Table 10 displays the evolution of Rio Verde's GDP, that grew systematically following the implantation of the agro-industrial complex in the city, growth that reached more than 100% in 10 years. In 2010, the GDP, which in 2000 was R$ 987.518 millions, reached R$ 4.1605 billion, elevating Rio Verde to the fourth wealthiest city in the state of Goiás.

 

 

Table 10 – Gross Domestic Product (Thousand reais)

Brazil, Federation Unit and Municipality

Year

1999

2000

2010

2012

Brazil

1.064.999.712

1.179.482.000

3.770.084.872

4.392.093.997

Goiás

22.191.346

26.249.031

97.575.930

123.926.301

Rio Verde/GO

847.794

987.519

4.160.896

6.264.991

Source: IBGE – Sistema IBGE de Recuperação Automática - SIDRA

 

The data shows, however, that the economic development processes, urbanization, productive restructuration, and, agricultural area re-functionalization, elevated this city to a regional agribusiness and agro-industry hub.

 

4.4 Production and consumption of space: industrialization and urbanization

The central-west region presents currently an intense sociospatial dynamic, as a consequence of productive and economic transformations that modernized its territories. These transformations modified the structures and urban patterns of Dourados/MS, Rondonópolis/MT e Rio Verde/GO in the decades 1970 – 1980, through the development of agro-industrialization, as already mentioned. 

 Economic expansion, in addition to depleting rural areas and swelling urban areas, demanded qualitative and quantitative changes on the three cities, in other words, new neighborhoods, new residences, new streets, and new technical networks and other equipment have emerged. Therefore, production and space consumption in each one has reverberated the movement of society, because as Lombardo states (1985), the city is the biggest social expression produced and its reality more complex and transformed.

Therefore, to comprehend the real movement of a city is necessary to learn the social and productive relations that products and consumes its spaces, industrialization and urbanization as historical processes which products and consume spaces of a city. The reproduction of these processes is commanded by agents like the State, the capital and, certain social groups.

According to Lefebvre (1999, p. 9), industrialization and urbanization are both inseparable and conflicting phenomena, and this can be seen in the reality of these municipalities, as noted in agro-industrial complex installation on Dourados/MS, Rondonópolis/MT e Rio Verde/GO emerged as a solution for the lack of employment, income growth and economic development.

In the analyzed cities, there was the exclusion and social inequality reproduction, to an extent that urban landscapes of all reflected social and residential segregation, the "favelização" of the periphery and socio-environmentalism problems which arise from the lack of a basic sanitation structure, the housing deficit and the expansion of slum areas.

According to Elias and Pequeno (2017), in the most recently established agribusiness cities, their function change, the "favelização" process is more pronounced, and, the actual conditions for housing construction collaborate so that these spaces reflect even more the situation of poverty. inequality and exclusion, as characteristic impacts of the new production relations, brought by the intensification of capitalism in the countryside.                            

These kinds of problems caused the convergence between the interests and the concerns of several types of companies regarding the infrastructure made available by the municipal governments of Rondonópolis/MT, Dourados/MS and Rio Verde/GO. These companies claim, still today, of inadequate sanitation, of telephony and internet network problems, of asphalt bad quality and electric network deficiency in the municipalities industrial districts. (SANTOS, 2017).

The restructuring of space, however, follows a pattern of dispersed and fragmented urbanization, that makes urban empty spaces and discontinuity of urban-fabric.

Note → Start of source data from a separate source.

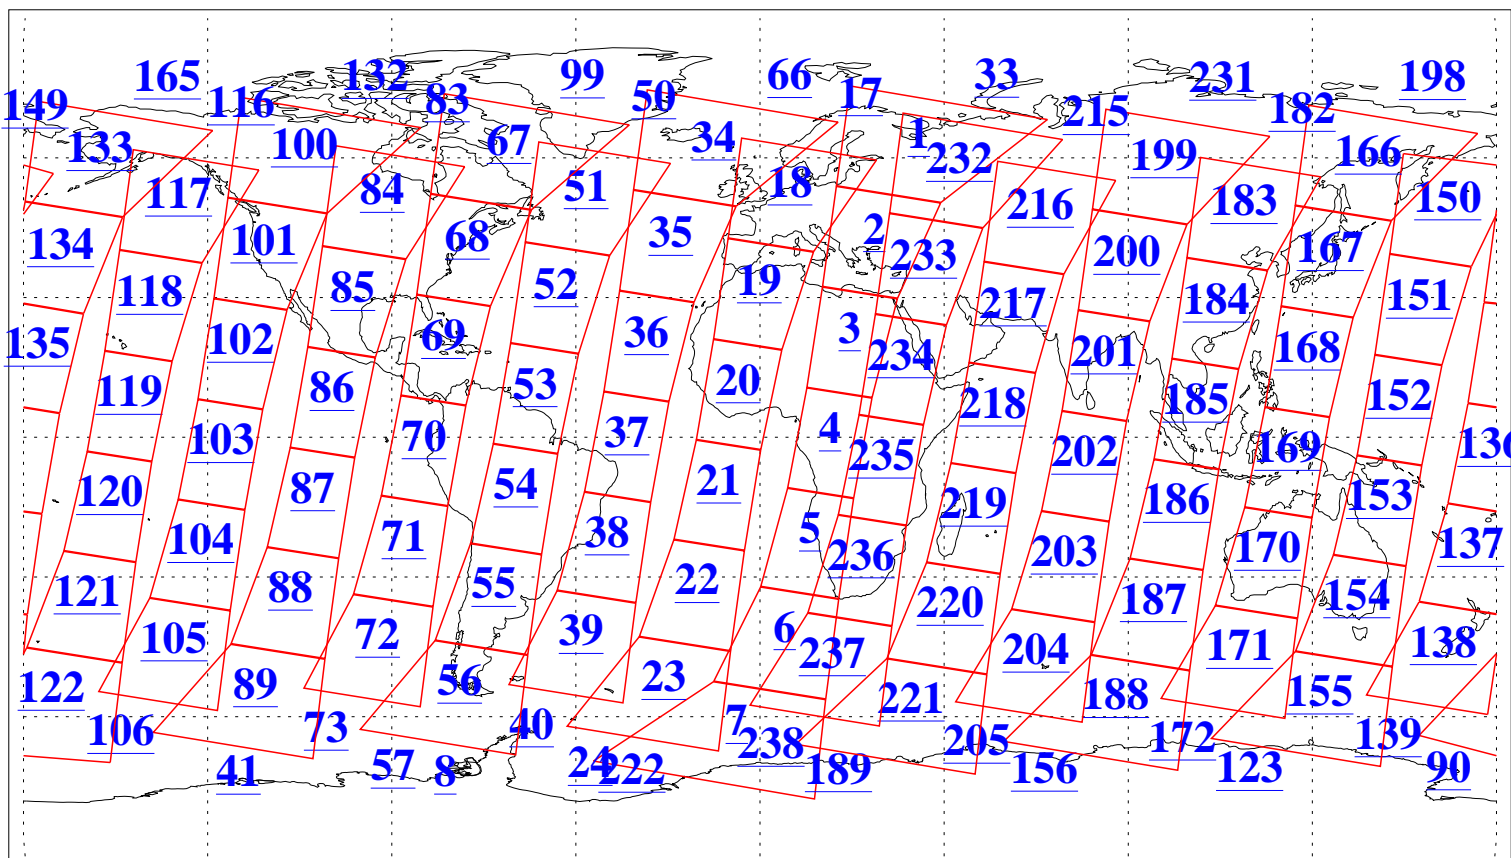

L1B Availability  
AMSU Granules: 240  
HSB Granules: 0  
AIRS Granules: 240

18 Aug 2019  
DoY 230  
Aqua Day 6315  
Granules: 1 to 120

Granules: 121 to 240

Legend: AMSU Available, HSB Available, AIRS Available

L1B Availability  
AMSU Granules: 240  
HSB Granules: 0  
AIRS Granules: 240

18 Aug 2019  
DoY 230  
Aqua Day 6315  
Ascending Granules

Descending Granules

Legend: AMSU Available, HSB Available, AIRS Available

L1B Availability  
 AMSU Granules: 240  
 HSB Granules: 0  
 AIRS Granules: 240

18 Aug 2019  
 DoY 230  
 Aqua Day 6315

Northern Hemisphere Granules

Southern Hemisphere Granules

Legend: AMSU Available, HSB Available, AIRS Available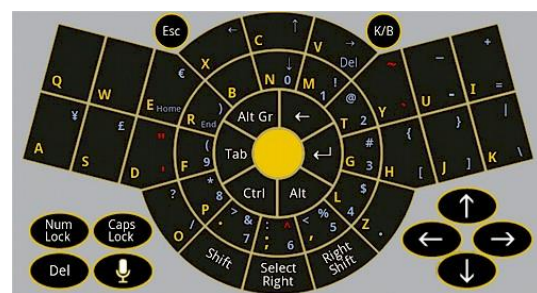

QWERTY Layout

The company will initially supply two main (English language) character-set keyboard layouts, the company's own unique Optimised/Efficient keyboard together with a QWERTY keyboard version. The layout of the Optimised keyboard's alpha-characters have been optimised in accordance with their frequency of occurrence in the use of the English language. Ergonomic considerations can be seen in the manifestly simple but effective final bee-like shape of the new keyboard's physical layout, a shape that all users, even children, will readily relate to. This same optimised layout and ergonomic shape also allows users to type using either one or both hands as preferred.

Testing shows that the new Optimised/Efficient keyboard's alpha-character layout can be memorised in as little as 10-20 minutes. The alpha-characters would be those characters/keys that the majority of people would type on, most of the time. The new keyboard design scales down well while still maintaining keycap-size and it manages to do this without sacrificing any of the keys seen on a full-character-set desktop keyboard. Because of this and its many other design advantages, it's expected that this will greatly facilitate improved user typing speed. Its ability to scale well makes the new keyboard design particularly suited for portable devices. BeeRaider contends that the new design will solve the problem of cramped small keys on portable devices such as Net-books and Laptops. The new keyboard design is suitable for integration with all mobile and non-mobile devices currently using the standard QWERTY keyboard design. As demonstrated by its Android Keyboard App, the company's Radial Keyboard design can also be implemented as a virtual representation on Smart-phone and Tablet devices with touch-screen technology.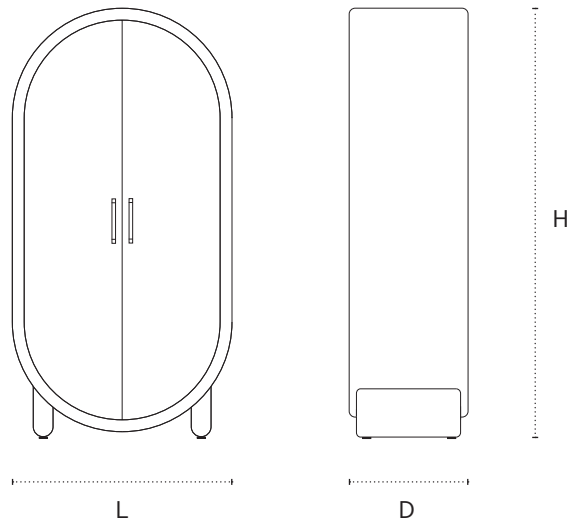

Artic Wardrobe

Shown in blackened Oak, blackened steel with Orior Leather Sunrise and Giallo Sienna marble

DIMENSIONS

43" L x 23" D x 87" H

TECHNICAL DETAILS

Wood	Blackened Oak / Natural Oak
Doors	Blackened Steel / Aged Brass
Hardware	Leather wrapped aged Brass / Blackened Steel
Orior Leather	Sunrise / Jam / Slate / Mint
Stone	Giallo Siena / Irish Green / Nero Marble / Botticino Crema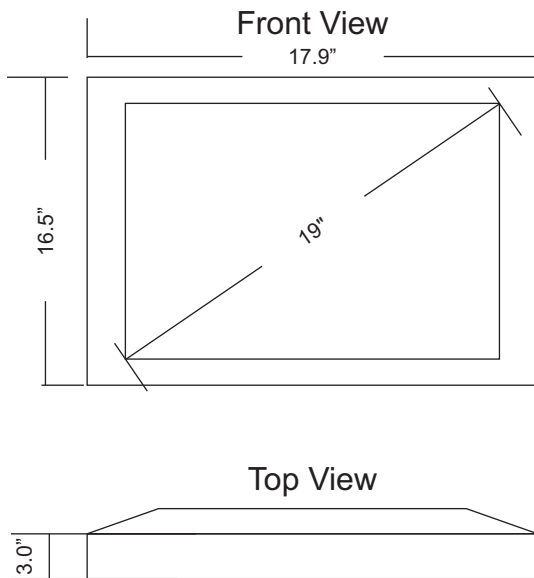

Copyright © 1994- 2014. All rights reserved.

Prices and Specifications are Subject to Change Without Notice

Pragmatic PHTV-19MP

Health Care LCD TV

19"

Pragmatic Hospital TV
With Media Package

WIDTH = 17.9"
HEIGHT = 16.5"
DEPTH = 3.0"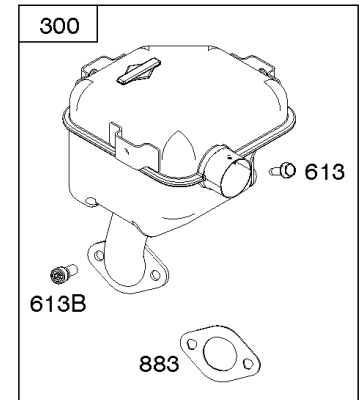

Air Cleaner, Exhaust

REF NO	PART NO	QTY	DESCRIPTION
11	798964		TUBE, Breather
53	798988		STUD -(Carburetor)
163	798962		GASKET, Air Cleaner
176	798965		SEAL, O-Ring -(Air Cleaner Base)
185	794838		NUT -(Air Cleaner Base)
276A	798505		WASHER, Sealing -(Air Cleaner)
300	798967		MUFFLER
346	794845		SCREW -(Spark Arrestor)
412	793443		NUT -(Air Cleaner Cover)
445	797032		FILTER, A/C Cartridge
467	691985		KNOB, Air Cleaner Cover
613	794846		SCREW -(Muffler)
613B	794844		SCREW -(Muffler)
676	796956		DEFLECTOR, Muffler
676A	795336		DEFLECTOR, Muffler -(Louvered)
676B	697816		DEFLECTOR, Muffler
677	794845		SCREW -(Muffler Deflector)
677A	699776		SCREW -(Muffler Deflector)
832	799041		GUARD, Muffler
836	593834		SCREW -(Muffler Guard)
875	798966		BASE, Air Cleaner
883	695398		GASKET, Exhaust
967	798795		FILTER, Pre Cleaner
968	798963		COVER, Air Cleaner
994B	796399		ARRESTOR, Spark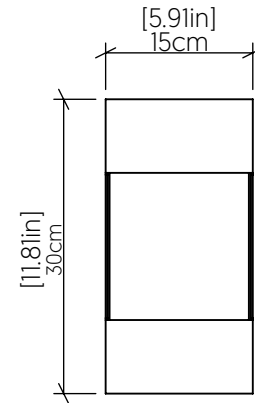

428LED [LED]

Name: Clean Accord Wall Lamp 428 LED
 Collection: Clean
 Application: Wall Lamp
 Construction: Natural Wood Venner, MDF and Acrylic

Specifications

Light Source: Integrated LED Module
 Driver Location: Junction Box
 Color Temperature: 3000K, 3500K and 4000K
 Dimming Option: 0-10V OR ELV/TRIAC
 CRI: 90
 Delivered Lumens: 550lm
 Total Power: 8W
 Input Voltage: 120V - 277V
 Input Frequency: 60 Hz
 Canopy Dimension: N/A
 Weight: N/A

Fixture Image

Technical Drawing

Photometric Graph

Standards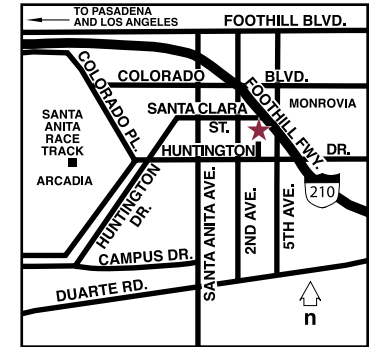

Directions

From Burbank-Glendale-Pasadena Airport (BUR): Hollywood Way East to Interstate 5 South to 134 East Pasadena. (134 Becomes 210 E.). Take Huntington Dr. Exit (7 miles from Pasadena). Turn right on Huntington. Turn right to Gateway. Follow to hotel.

From LA/Ontario International Airport (ONT): Take Interstate 10W to 57N/ 210W. From 210W, exit Huntington Drive. Turn right on Huntington. Turn right on Gateway. Follow to hotel.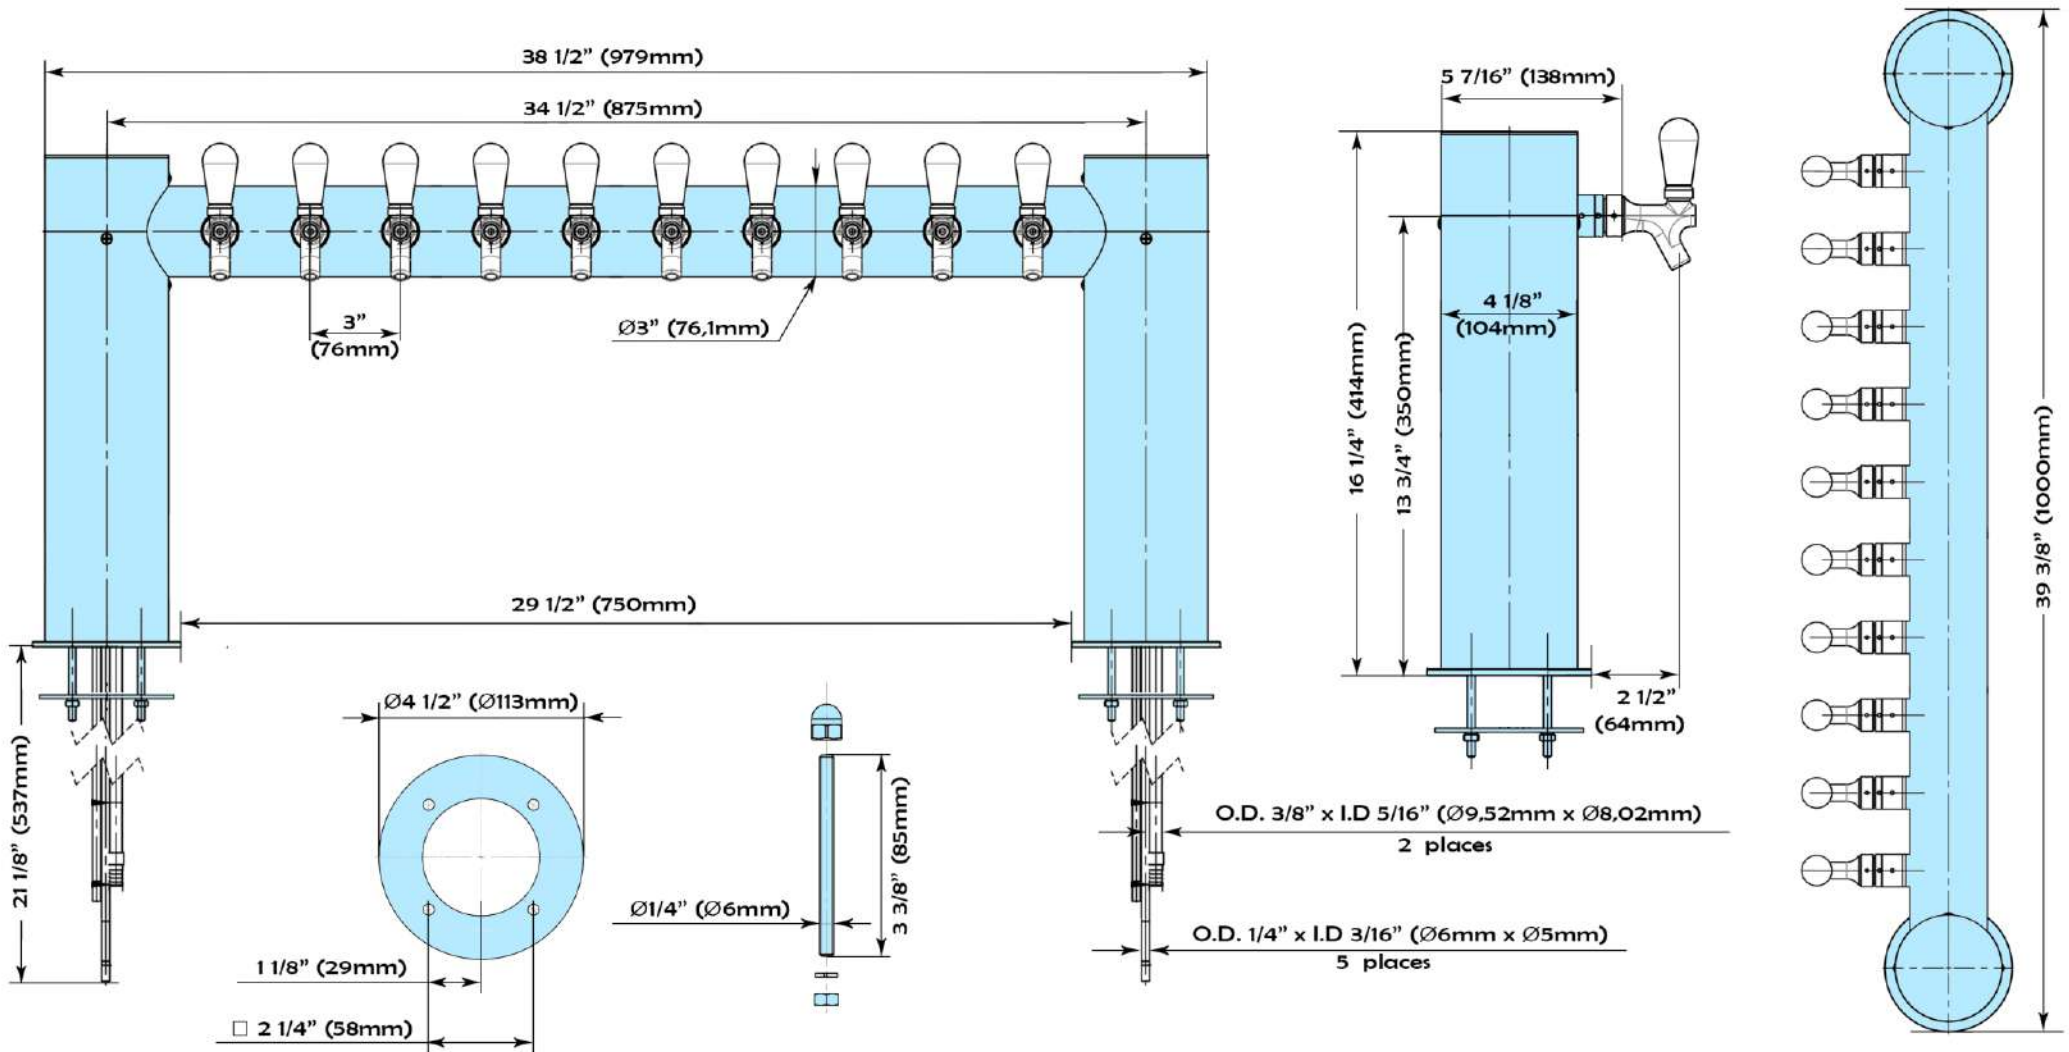

UBC group USA

65 North Central Dr. O'Fallon, MO 63366, USA
Ph.: (636) 379-2226, Fax: (866) 659-8904
Toll Free: (888) 808-9286
Email: info@beer-co.us
Web: www.beer-co.us

UBC Group Latin America

Kepler 7, PB, Mexico City 11590
Ph: +(52) 55 2624 3458
Email: info@beer-co.com.mx
Web: www.beer-co.com.mx

UBC Group Canada

1143 Haultain Court,
Mississauga, ON, L4W 2K1
Ph: (905) 629-2597
Email: info@beer-co.ca
Web: www.beer-co.ca

As argues Calixto (2017), the differentiated production of space expresses the different forms of appropriation, which, in turn, end up removing a significant portion of the population from the possibility of use, to the extent that not only mediate but deny this need (of use), reducing the right to inhabit the imposition of private property of land.

In this perspective, it is possible to comprehend the "valorization" and distinguished use in some areas of Dourados, represented by the South portion (with the occupation of social demand with smaller income) and the North (higher income social segment). These practices denote the fragmentation in the city territory, with areas with differentiated functionalities.

 

5. BRAZILIAN CENTRAL-WEST: GROWTH AND TRANSFORMATION

The Brazilian central-west is undergoing an important process of growth and transformation since the 1970s. Brasilia's construction and infrastructure investments that accompanied it, within the scope of the Plano de Metas and the II PND, logistic conditions were created for the agricultural and mineral frontier expansion. Flat land, favorable to mechanization, and, soil correction technologies developed by Embrapa turned the “Cerrado” areas, especially those close to new infrastructure, privileged spaces to the expansion of modern grain production in the molds of "Green Revolution". At the same time, the more favorable conditions of outflow attracted important investments aimed at exploring the mineral potential of the region.

This transformation movement can be divided into two big moments. The first, which runs roughly from 1970s to 1990s, described by intense expansion and modernization of agriculture and livestock and growth of mineral exploration. The second, from the 1990s to the present day, described by strong agro-industrialization.

Between the spatial and social repercussions of this process, two stand out, extremely correlated: the transformations on the urban network configuration and the regions principal social indexes, specially, referring to income distribution.

From a social standpoint, the first moment is characterized by the movement of personal income concentration, accompanying a significant concentration of the land and industrial product. Referring to the urban network, there is an advance in urbanization with a strong trajectory of metropolization. This trajectory results, on one side, big metropolitan region formation with slums and serious infrastructure problems, on the other side, various small towns that are socially stratified at extreme points of income. Thus, configuring a bipolar urban network, with a limited presence of medium-sized cities.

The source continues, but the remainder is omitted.